> [Required work]:
Only the number is wanted: how many lines below contain "Polyamide"?

######

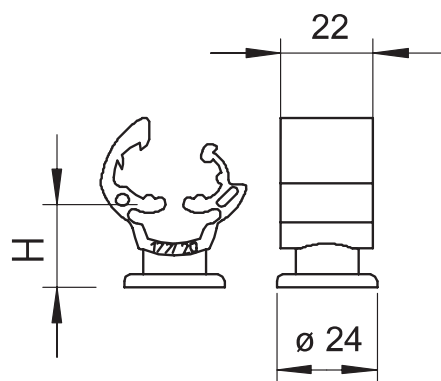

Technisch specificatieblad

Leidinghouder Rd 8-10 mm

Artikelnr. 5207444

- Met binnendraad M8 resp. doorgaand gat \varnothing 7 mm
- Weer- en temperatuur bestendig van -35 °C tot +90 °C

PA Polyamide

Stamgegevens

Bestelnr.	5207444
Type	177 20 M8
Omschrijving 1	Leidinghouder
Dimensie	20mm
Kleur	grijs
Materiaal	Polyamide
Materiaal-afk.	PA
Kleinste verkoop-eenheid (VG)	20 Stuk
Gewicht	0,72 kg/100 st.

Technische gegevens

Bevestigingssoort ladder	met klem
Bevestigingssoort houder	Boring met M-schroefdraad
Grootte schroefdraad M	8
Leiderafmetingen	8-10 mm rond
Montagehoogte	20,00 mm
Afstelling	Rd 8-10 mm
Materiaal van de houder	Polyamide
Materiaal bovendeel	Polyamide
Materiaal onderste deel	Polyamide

######

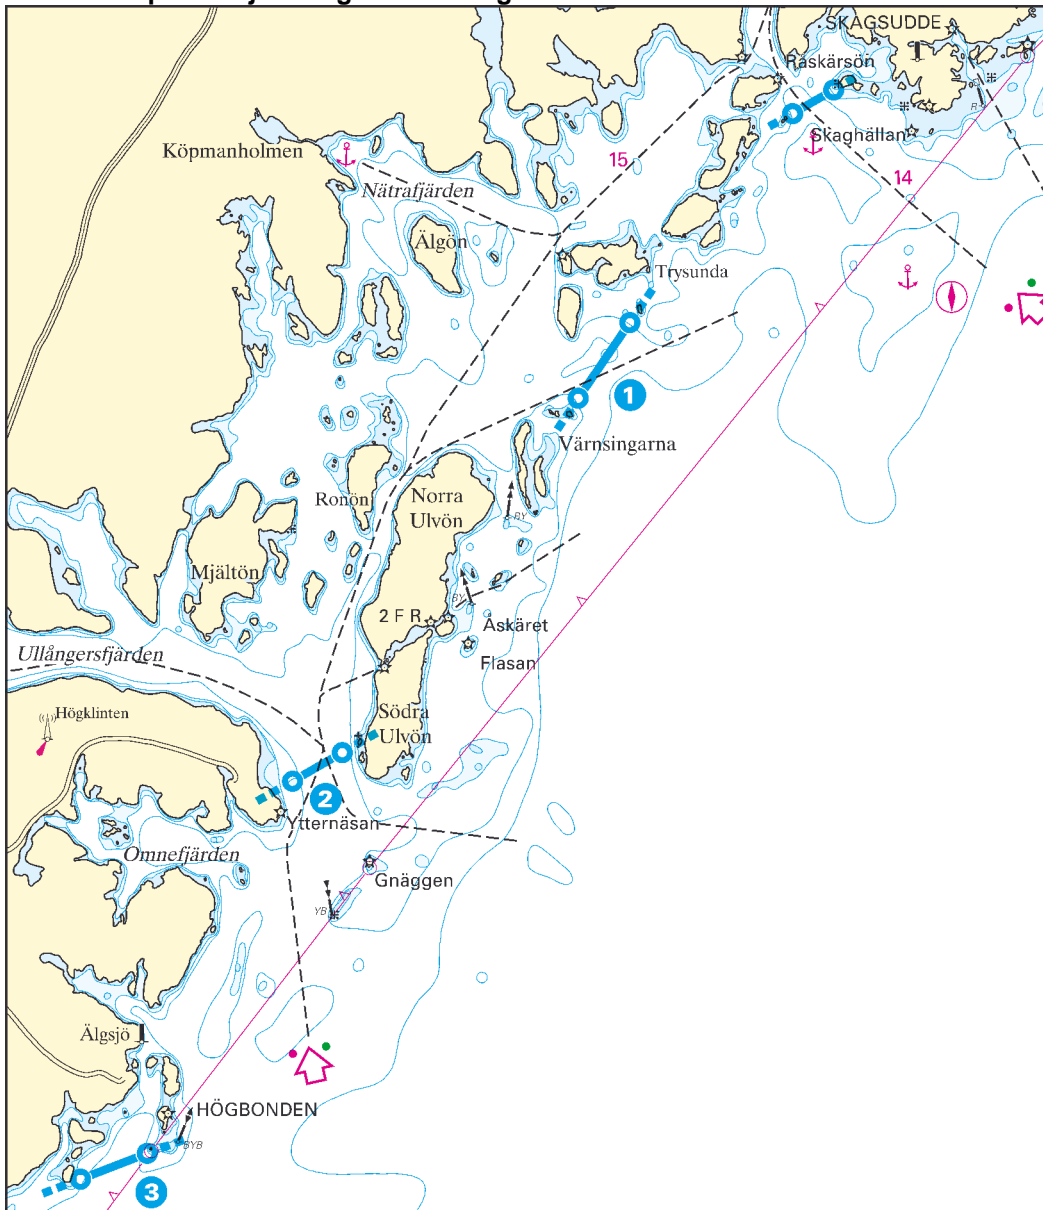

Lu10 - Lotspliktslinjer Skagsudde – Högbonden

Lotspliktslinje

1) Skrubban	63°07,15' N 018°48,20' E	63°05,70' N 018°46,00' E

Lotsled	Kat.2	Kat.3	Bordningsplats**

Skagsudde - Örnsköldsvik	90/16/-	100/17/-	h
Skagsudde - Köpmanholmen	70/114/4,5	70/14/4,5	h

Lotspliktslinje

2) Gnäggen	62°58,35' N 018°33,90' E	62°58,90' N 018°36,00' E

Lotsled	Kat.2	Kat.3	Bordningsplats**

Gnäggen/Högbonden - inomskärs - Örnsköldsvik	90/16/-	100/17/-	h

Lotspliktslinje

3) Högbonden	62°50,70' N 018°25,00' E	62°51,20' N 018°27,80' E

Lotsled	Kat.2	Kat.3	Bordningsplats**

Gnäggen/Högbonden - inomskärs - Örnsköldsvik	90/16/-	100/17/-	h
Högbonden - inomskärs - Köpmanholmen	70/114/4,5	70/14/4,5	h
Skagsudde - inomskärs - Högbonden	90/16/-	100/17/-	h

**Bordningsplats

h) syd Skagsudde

######

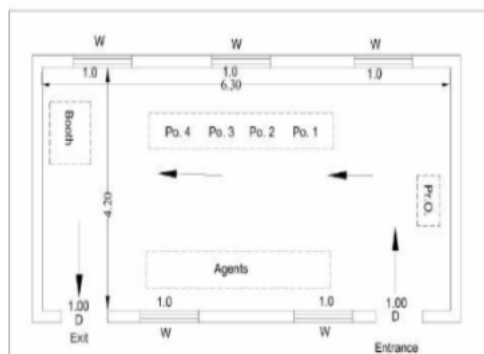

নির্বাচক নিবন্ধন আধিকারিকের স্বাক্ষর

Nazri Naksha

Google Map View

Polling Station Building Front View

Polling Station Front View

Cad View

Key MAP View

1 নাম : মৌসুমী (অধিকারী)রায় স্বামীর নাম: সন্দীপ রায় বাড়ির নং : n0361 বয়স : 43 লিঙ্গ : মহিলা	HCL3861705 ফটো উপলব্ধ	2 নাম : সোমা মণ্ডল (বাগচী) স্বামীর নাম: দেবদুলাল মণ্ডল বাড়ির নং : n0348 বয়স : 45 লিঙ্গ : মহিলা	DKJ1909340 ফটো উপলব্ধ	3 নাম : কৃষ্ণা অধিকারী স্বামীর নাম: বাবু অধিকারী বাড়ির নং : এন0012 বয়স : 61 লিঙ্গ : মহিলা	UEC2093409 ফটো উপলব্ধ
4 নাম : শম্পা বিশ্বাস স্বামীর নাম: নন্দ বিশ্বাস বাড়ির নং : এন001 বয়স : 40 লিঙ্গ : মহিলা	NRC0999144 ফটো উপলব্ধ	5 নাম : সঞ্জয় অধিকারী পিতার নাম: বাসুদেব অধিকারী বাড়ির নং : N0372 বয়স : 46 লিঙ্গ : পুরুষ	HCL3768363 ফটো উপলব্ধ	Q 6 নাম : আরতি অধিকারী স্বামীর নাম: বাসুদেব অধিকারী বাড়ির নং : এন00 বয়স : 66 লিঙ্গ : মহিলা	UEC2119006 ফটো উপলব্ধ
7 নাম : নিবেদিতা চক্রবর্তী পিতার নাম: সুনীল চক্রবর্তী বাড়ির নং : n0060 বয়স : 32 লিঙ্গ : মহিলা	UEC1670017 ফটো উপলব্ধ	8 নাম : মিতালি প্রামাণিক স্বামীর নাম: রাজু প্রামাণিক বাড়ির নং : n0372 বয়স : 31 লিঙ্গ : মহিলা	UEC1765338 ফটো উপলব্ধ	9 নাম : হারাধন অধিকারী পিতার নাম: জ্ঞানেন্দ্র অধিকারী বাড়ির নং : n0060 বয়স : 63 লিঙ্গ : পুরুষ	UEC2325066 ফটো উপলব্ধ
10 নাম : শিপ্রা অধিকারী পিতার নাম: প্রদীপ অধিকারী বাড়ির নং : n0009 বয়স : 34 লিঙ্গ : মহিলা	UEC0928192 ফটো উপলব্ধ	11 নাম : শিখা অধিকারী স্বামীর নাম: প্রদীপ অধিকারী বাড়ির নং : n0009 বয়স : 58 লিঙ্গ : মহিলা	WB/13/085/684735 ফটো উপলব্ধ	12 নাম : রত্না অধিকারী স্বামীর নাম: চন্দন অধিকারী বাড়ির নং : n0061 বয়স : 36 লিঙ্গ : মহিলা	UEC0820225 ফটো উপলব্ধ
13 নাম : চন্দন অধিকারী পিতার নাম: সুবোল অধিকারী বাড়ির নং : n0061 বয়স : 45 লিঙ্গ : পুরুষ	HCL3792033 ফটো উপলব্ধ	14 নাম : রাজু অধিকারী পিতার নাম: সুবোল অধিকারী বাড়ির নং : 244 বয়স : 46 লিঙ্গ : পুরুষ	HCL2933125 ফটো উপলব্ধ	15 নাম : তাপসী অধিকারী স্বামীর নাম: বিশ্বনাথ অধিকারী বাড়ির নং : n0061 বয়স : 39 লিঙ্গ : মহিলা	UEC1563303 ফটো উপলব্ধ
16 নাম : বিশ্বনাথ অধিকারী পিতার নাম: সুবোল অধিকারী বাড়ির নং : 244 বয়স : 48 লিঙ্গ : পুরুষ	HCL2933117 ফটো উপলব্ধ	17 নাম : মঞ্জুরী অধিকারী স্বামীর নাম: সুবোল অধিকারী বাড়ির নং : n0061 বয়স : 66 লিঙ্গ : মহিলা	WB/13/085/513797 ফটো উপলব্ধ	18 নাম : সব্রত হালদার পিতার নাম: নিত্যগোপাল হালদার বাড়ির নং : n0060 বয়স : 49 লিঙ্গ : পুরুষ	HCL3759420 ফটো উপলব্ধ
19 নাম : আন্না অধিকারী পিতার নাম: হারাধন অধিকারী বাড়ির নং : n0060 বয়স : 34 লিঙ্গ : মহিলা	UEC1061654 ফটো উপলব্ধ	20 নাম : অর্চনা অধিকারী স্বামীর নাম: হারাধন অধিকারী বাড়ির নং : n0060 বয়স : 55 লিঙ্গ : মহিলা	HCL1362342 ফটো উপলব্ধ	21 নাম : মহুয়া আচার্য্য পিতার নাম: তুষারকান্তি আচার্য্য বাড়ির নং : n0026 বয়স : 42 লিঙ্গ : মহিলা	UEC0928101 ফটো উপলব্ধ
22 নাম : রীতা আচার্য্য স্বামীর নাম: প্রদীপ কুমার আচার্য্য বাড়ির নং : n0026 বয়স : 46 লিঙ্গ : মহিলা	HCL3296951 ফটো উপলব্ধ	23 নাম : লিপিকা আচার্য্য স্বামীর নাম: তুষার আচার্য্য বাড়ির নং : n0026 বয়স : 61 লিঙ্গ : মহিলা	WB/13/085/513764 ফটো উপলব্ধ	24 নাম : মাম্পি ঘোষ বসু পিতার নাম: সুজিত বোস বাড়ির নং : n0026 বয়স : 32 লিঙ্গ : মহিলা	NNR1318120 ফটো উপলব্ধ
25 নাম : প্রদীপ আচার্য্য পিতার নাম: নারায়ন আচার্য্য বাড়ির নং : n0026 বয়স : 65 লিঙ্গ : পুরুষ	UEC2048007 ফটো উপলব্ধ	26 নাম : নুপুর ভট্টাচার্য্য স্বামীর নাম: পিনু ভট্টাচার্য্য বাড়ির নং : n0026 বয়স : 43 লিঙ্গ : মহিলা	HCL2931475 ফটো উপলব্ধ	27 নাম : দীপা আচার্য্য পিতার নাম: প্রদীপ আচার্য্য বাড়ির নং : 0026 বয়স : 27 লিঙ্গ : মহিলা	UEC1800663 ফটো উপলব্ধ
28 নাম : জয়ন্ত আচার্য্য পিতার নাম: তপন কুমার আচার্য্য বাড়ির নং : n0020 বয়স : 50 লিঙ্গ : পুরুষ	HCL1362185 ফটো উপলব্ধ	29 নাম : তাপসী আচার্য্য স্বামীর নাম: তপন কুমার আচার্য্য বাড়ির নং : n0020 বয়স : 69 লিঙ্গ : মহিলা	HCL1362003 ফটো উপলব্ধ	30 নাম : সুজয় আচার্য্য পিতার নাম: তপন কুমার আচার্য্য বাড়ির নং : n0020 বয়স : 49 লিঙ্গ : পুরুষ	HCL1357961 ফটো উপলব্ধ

######

> [Output of the exercise]:
5